I NEVER thought I would end up feeling nostalgic for the days of John Major.

The former Prime Minister came back into my consciousness last week when he appeared at the Leveson Inquiry to reminisce about his dealings with the media during his seven years in Downing Street.

Younger readers may not have heard of the now-knighted Sir John, who led the country from 1990 until 1997.

After a decent first few years in charge, which included a surprise general election win, his fortunes nose-dived when Britain was forced out of the Exchange Rate Mechanism on what became known as Black Wednesday.

For the next five years the Conservatives showed an amazing ability to generate negative headlines, whether through back-stabbing backbenchers or ministers who misplaced their trousers in situations which they couldn’t quite explain.

By the end Sir John, having been booted around by the press for half a decade, was more a figure of pity than anything else.

And yet, to see him at Leveson last week explaining why it was “undignified” for a Prime Minister to court the press, I began feeling almost nostalgic for this more innocent time.

Amazingly, Sir John managed to meet Rupert Murdoch just three times during his seven years in office. The final occasion, he told the inquiry, came in February 1997 when the Australian mogul had demanded that the Prime Minister turn against Europe.

The centrist Tory refused and the Sun soon set on him.

Three months later Sir John was gone, swept from office by one of the biggest landslides in British history.

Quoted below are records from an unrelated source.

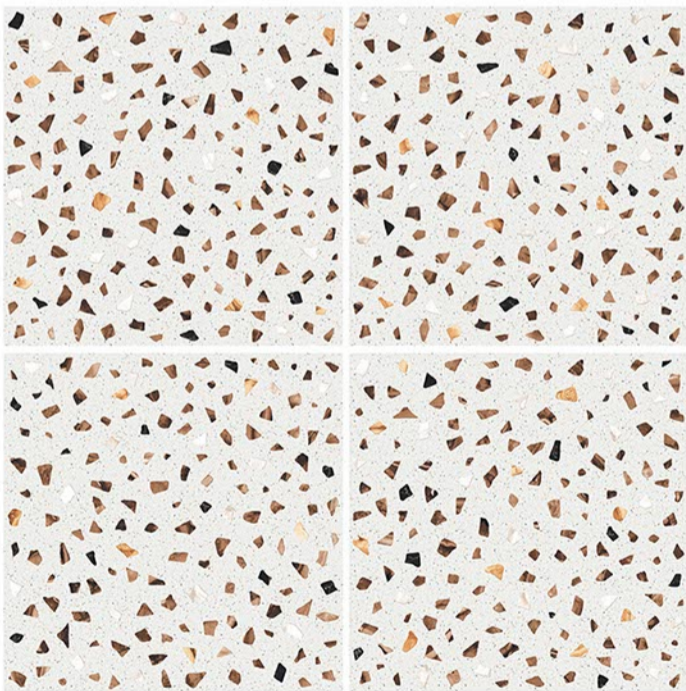

TICK SIGN

RANDOM DESIGN | MATT FINISH

12 mm Thickness

Plain

Anti Slip

UV Resistant

HEAVY DUTY VITRIFIED TILES | 400 x 400 mm

TICK SPACE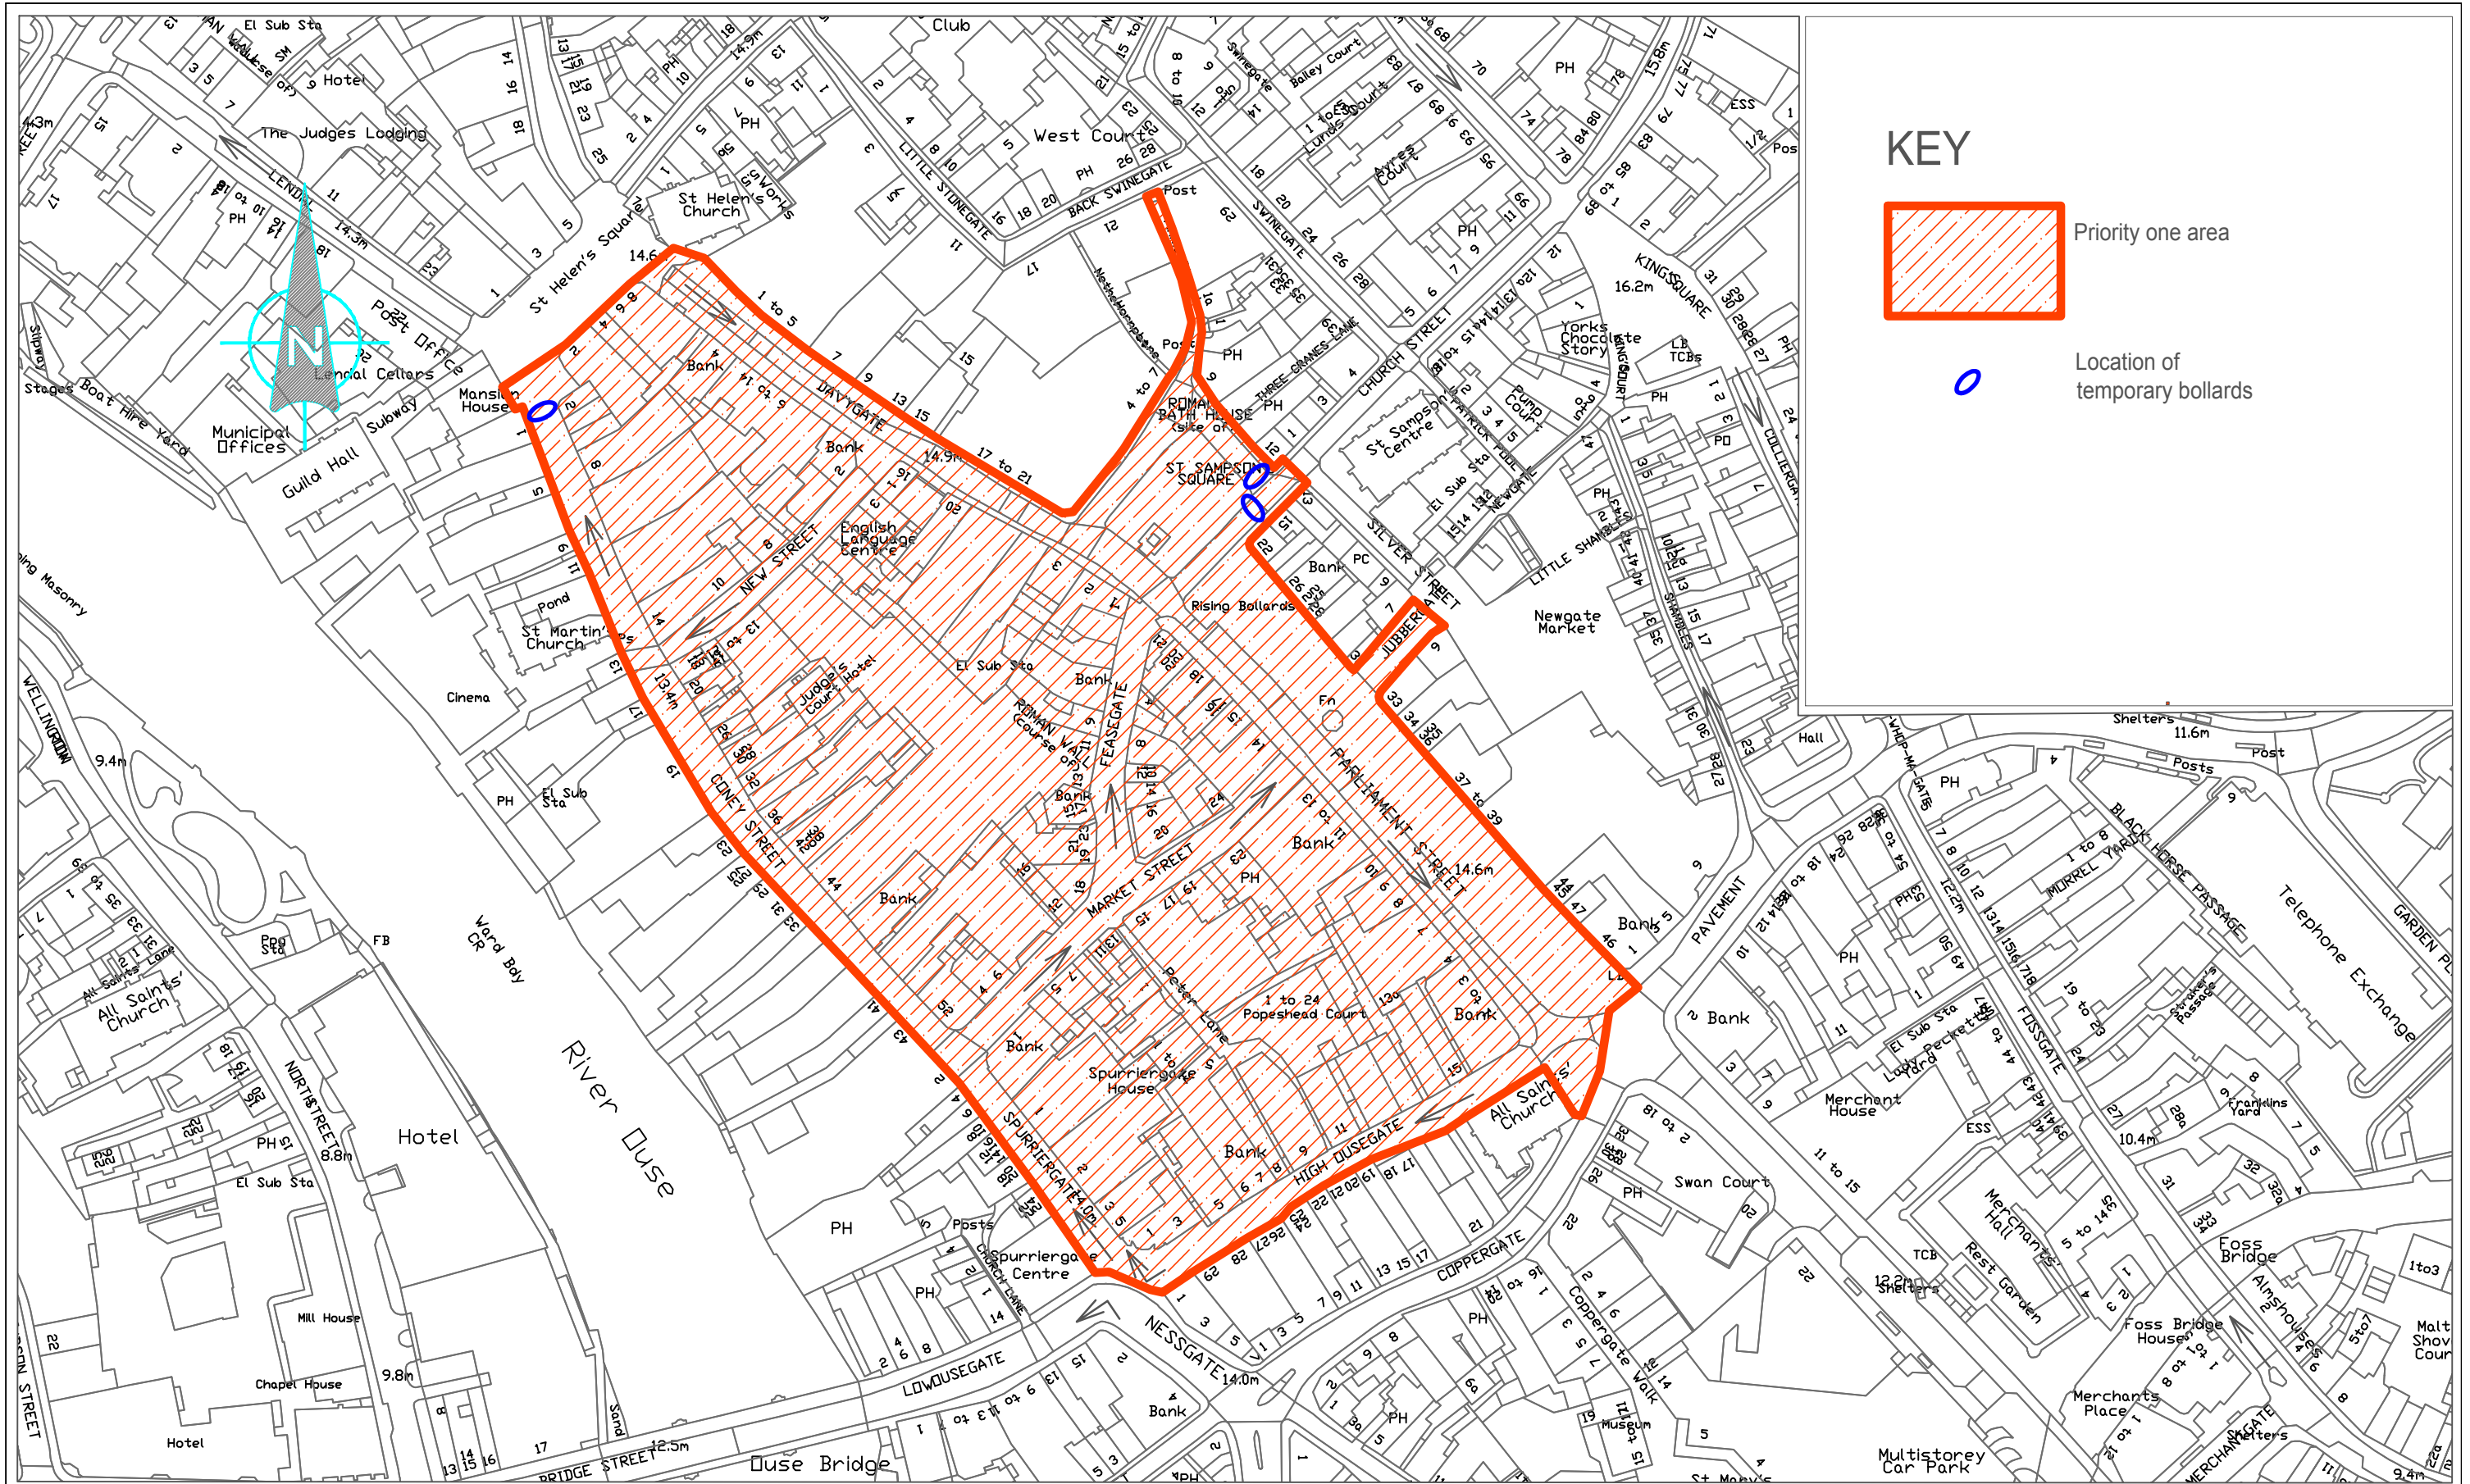

Annex A

©CROWN COPYRIGHT. City of York Council OS Licence No. 1000 20818

L:\DOCUMENT\Transport Projects\Projects\15 - Miscellaneous Schemes\City centre access\Drawings\City centre access tier 1.dwg

 <p>CITY OF YORK COUNCIL Transport Projects Eco Depot, Hazel Court, James Street, York, YO10 3DS www.york.gov.uk</p>	INITIAL	REV	AMENDMENT	DATE	<p>City Centre Access Priority one</p>	SCALE	NTS
	DRAWN BY	CMH					
	CHECKED BY						
DATE	Aug 18	A2

But his appearance at Leveson raises the intriguing question: Is the man who brought us the traffic cone hotline actually the most popular living former Prime Minister?

Margaret Thatcher is adored by the right but detested by the left for a long list of reasons, chief among them the miners’ strike.

Tony Blair is loved by no-one, as far as I can tell. Left-wingers hate him for Iraq, right-wingers despise him for stealing their clothes and wearing them with more style than they could ever manage.

Gordon Brown is loathed – a little unfairly in my view – for the deficit he ran up during his three years in charge.

But very few people hate Sir John. He’s the only one of the four living ex-Prime Ministers who could walk into a pub in Huddersfield and have a fair chance of supping a quiet pint without being hectored by an angry punter.

He was a failure as a Prime Minister. But he’s pretty good at being an ex-Prime Minister.